Machine Learning – Why Exact Tests Are Preferred Over Chi-Squared for Small Sample Sizes

chi-squared-testdistributionsmachine learningmathematical-statisticsstatistical significance

I am aware that tests such as Fisher's exact test are sometimes preferable to chi-squared if your expected values are low in a contingency table, when looking to test homogeneity of groups (historically people have suggested 5 although some seem to think this is conservative).

I can't however seem to find an explanation of why chi-squared does not work well for small sample sizes. I therefore have 2 questions:

  1. What causes expected values in a contingency table to become small as sample size reduces?(I am assuming here the small expected values are a result of the small sample size).
  2. Why is it that the chi-squared test should not be used for small sample sizes? I have seen people say it does not adequately approximate the theoretical chi-squared distribution but can someone explain why/how it doesn't?

Best Answer

In a classical hypothesis test, you have a test statistic that orders the evidence from that which is most conducive to the null hypothesis to that which is most conducive to the alternative hypothesis. (Without loss of generality, suppose that a higher value of this statistic is more conducive to the alternative hypothesis.) The p-value of the test is the probability of observing evidence at least as conducive to the alternative hypothesis as what you actually observed (a test statistic at least as large as the observed value) under the assumption that the null hypothesis is true. This is computed from the null distribution of the test statistic, which is its distribution under the assumption that the null hypothesis is true.

Now, an "exact test" is a test that computes the p-value exactly ---i.e., it computes this from the true null distribution of the test statistic. In many statistical tests, the true null distribution is complicated, but it can be approximated by another distribution, and it converges to that approximating distribution as $n \rightarrow \infty$. In particular, the so-called "chi-squared tests" are hypothesis tests where the true null distribution converges to a chi-squared distribution.

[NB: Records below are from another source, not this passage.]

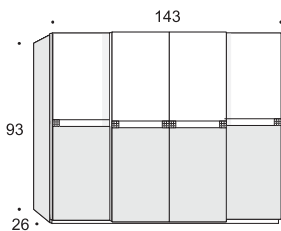

SLIDING DOOR WARDROBE (4 DOORS)

sku # T426030140054

5 WEEKS SPECIAL ORDER

Cu.Ft. **71,85**
Lb. **903,9**
Boxes **22**

DIAMOND TOP+BOTTOM FOR WARDROBES	4 x SKU # 541001025000B
DIAMOND SLIDING SIDE F/IVORY WARDROBE	2 x SKU # 541003301054B
VERTICAL DIVISION FOR SLIDING WARDROBES	3 x SKU # 541004311000B
BACK FOR SLIDING WARDROBES W875 COLUMN	4 x SKU # 541006341000B
SLIDING TRAIL FOR 4D DIAMOND WARDROBE	1 x SKU # 52699000000012
SLIDING CASE FOR DOORS F/4D DIAM.WARDROB	1 x SKU # 52699000000037
SLIDING SYSTEM COVER F/DIAMOND WARDROBE	2 x SKU # 52699000000051
EXTERNAL DOOR FOR DIAMOND IVORY WARDROBE	2 x SKU # 542630A310054
RIGHT INTERNAL DOOR FOR IVORY DIAM.WARD.	1 x SKU # 542630B310054
LEFT INTERNAL DOOR FOR IVORY DIAM.WARD.	1 x SKU # 542630C310054
HARDWARE FOR DIAMOND 4 DOORS WARDROBE	1 x SKU # 5426090020000
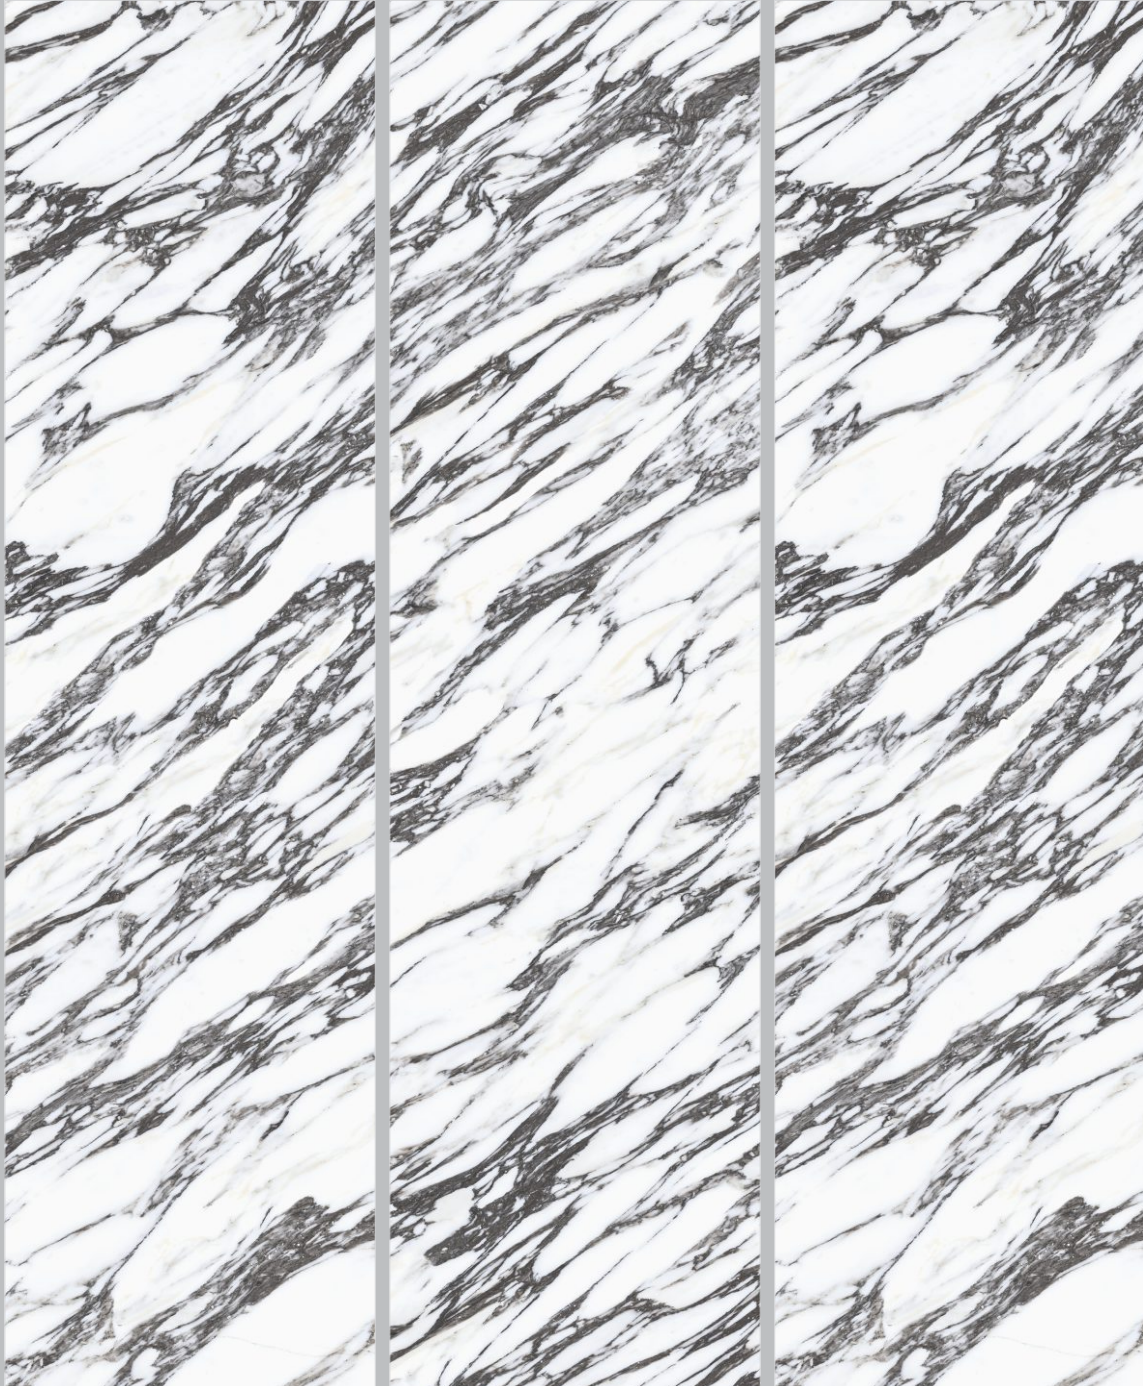

BRILLO HIGH GLOSS SURFACE

VOLAKAS GRIGIO

Size	Surface	Random	Thickness	Type
800x3000mm	High Gloss	3	15mm	White Body

BRILLO HIGH GLOSS SURFACE

ARBESCCATO

Size	Surface	Random	Thickness	Type
800x3000mm	High Gloss	2	15mm	White Body
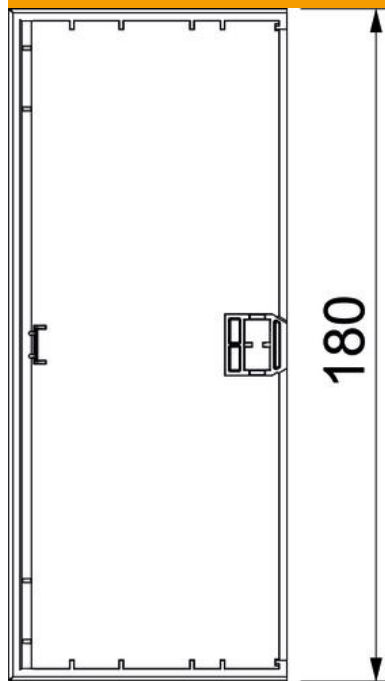

Technical data sheet

End piece Signa Base ES 70170

Item number: 6132780

End piece as a fitting for the Signa Base device installation trunking.
For a clean end to the trunking system.

PC/ABS Polycarbonate/Acrylnitrile-butadiene-styrene

Master data

Item number	6132780
Type	BRK ES70170 cws
Description 1	End piece
Description 2	SIGNA BASE 70x170 9001
Manufacturer	OBO
Colour	Cream; RAL 9001
Material	Polycarbonate/Acrylnitrile-butadiene-styrene
Smallest sales unit	1
Unit of quantity	Piece
Weight	7.15 kg
Weight unit	kg/100 pc.

Technical data sheet

End piece Signa Base ES 70170

Item number: 6132780

Dimensions

Length	34 mm
Width	180 mm
Height	73 mm

Technical data sheet

End piece Signa Base ES 70170

Item number: 6132780

Technical data

Version for	Symmetrical
Fastening type	Lockable
for duct width	170 mm
for trunking height	70 mm
Suitable for	Left/right
Halogen-free	yes
Cut lamination	yes
Protection rating	IP40
Protective film	no
Protection rating IK code	IK07
Permitted temperature range, max.	60 °C
Permitted temperature range, min.	-5 °C

So, in a "chi-squared test" of this kind, when you compute the p-value of the test using the chi-squared distribution, this is just an approximation to the true p-value. The true p-value of the test is given by the exact test, and you are approximating this value using the approximating null distribution of the test statistic. When $n$ is large this approximation is very good, but when $n$ is small the approximation may be poor. For this reason, statisticians counsel against using the "chi-squared tests" (i.e., using the chi-squared approximation to the true null distribution) when $n$ is small.


Chi-squared tests for independence in contingency tables: Now I will examine your specific questions in relation to chi-squared tests for testing independence in contingency tables. In this context, if we have a contingency table with observed counts $O_1,...,O_K$ summing to $n \equiv \sum O_i$ then the test statistic is the Pearson statistic:

$$\chi^2 = \sum_{i=1}^K \frac{(O_i-E_i)^2}{E_i},$$

where $E_1,...,E_K$ are the expected cell values under the null hypothesis.$^\dagger$ The first thing to note here is that the observed counts $O_1,...,O_K$ are non-negative integers. For any $n<\infty$ this limits the possible values of the test statistic to a finite set of possible values, so its true null distribution will be a discrete distribution on this finite set of values. Note that the chi-squared distribution cannot be the true null distribution because it is a continuous distribution over all non-negative real numbers --- an (uncountable) infinite set of values.

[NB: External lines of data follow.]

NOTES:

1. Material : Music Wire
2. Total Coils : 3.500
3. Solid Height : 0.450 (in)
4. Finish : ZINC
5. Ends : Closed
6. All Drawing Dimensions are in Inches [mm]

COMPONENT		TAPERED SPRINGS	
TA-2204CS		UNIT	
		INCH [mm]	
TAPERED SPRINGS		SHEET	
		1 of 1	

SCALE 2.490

As in other "chi-squared tests" the null distribution of the test statistic here is well approximated by the chi-squared distribution when $n$ is large. You are not correct to say that this is a matter of failing to "adequately approximate the theoretical chi-squared distribution" --- on the contrary, the theoretical chi-squared distribution is the approximation, not the true null distribution. The chi-squared approximation is good so long as none of the values $E_1,...,E_K$ is small. The reason that these expected values are small for low values of $n$ is that when you have a low total count value, you must expect the counts in at least some cells to be low.


$^\dagger$ For analysis of contingency tables, these expected cell counts are obtained by conditioning on the marginal totals under the null hypothesis of independence. It is not necessary for us to go into any further detail on these values.